Restate the records below exactly. Pictures are not part of the copy.

Segment Open

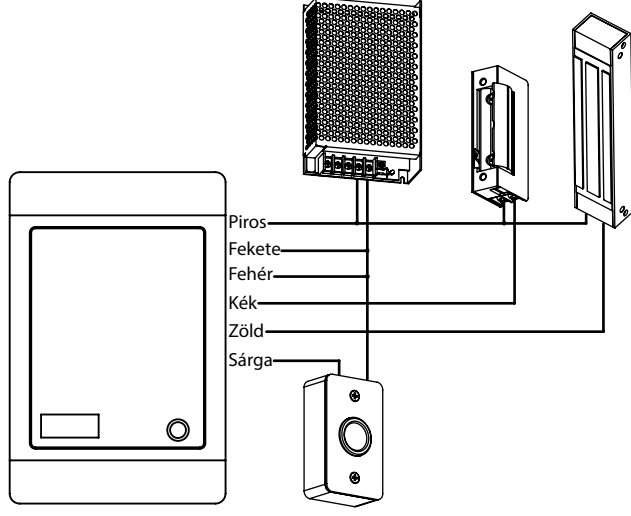

Bekötés

PIROS	12 V DC
FEKETE	GND
SÁRGA	Nyomógomb
FEHÉR	COM
Kék	NO
Zöld	NC

Programozás

Az eszközt mesterkártya segítségével tudja programozni. Ezt a következőképp tudja megtenni. Kettő darab DIP kapcsolót talál a sorkapocs alatt, az egyik fekete a másik fehér. A fehér kapcsolót kapcsolja fel, majd kapcsolja be a tápot a kártyaolvasóra. Ez után húzzon le egymás után két kártyát, majd ismét kapcsolja le a tápegységet, és kapcsolja le a DIP kapcsolót. Ha visszakapcsolja a tápot, ismét nyugalmi helyzetbe kerül a készülék, az első lehúzott kártya a mester tanító, a második a mester törlő kártya. Ezt ha lehúzza az olvasó előtt.

Programozás

Az ez után lehúzott kártyákat tudja feltanítani, vagy letörölni. Végül húzza le ismét a mester kártyát. A másik DIP kapcsolóval állítható be a nyitási időzítés, ha a kapcsoló fel van kapcsolva akkor 1 másodperc, ha le van kapcsolva, akkor 5 másodperc.

Szerelési rajz

Bekötési rajz

YLI SIKMAGNESEK
C.: 1102 Budapest Hölgý utca 50/b
T.: +36 1 406 98 07
W.: www.yli.hu

Méretrajz

YK-66C-wh
Önálló működésű kártyaolvasó
ADATLAP

Segment Closed

▶ TASK ANSWER
Bekötés

PIROS	12 V DC
FEKETE	GND
SÁRGA	Nyomógomb
FEHÉR	COM
Kék	NO
Zöld	NC

Programozás

Az eszközt mesterkártya segítségével tudja programozni. Ezt a következőképp tudja megtenni. Kettő darab DIP kapcsolót talál a sorkapocs alatt, az egyik fekete a másik fehér. A fehér kapcsolót kapcsolja fel, majd kapcsolja be a tápot a kártyaolvasóra. Ez után húzzon le egymás után két kártyát, majd ismét kapcsolja le a tápegységet, és kapcsolja le a DIP kapcsolót. Ha visszakapcsolja a tápot, ismét nyugalmi helyzetbe kerül a készülék, az első lehúzott kártya a mester tanító, a második a mester törlő kártya. Ezt ha lehúzza az olvasó előtt.

Programozás

Az ez után lehúzott kártyákat tudja feltanítani, vagy letörölni. Végül húzza le ismét a mester kártyát. A másik DIP kapcsolóval állítható be a nyitási időzítés, ha a kapcsoló fel van kapcsolva akkor 1 másodperc, ha le van kapcsolva, akkor 5 másodperc.

Szerelési rajz

Bekötési rajz

YLI SIKMAGNESEK
C.: 1102 Budapest Hölgý utca 50/b
T.: +36 1 406 98 07
W.: www.yli.hu

Méretrajz

YK-66C-wh
Önálló működésű kártyaolvasó
ADATLAP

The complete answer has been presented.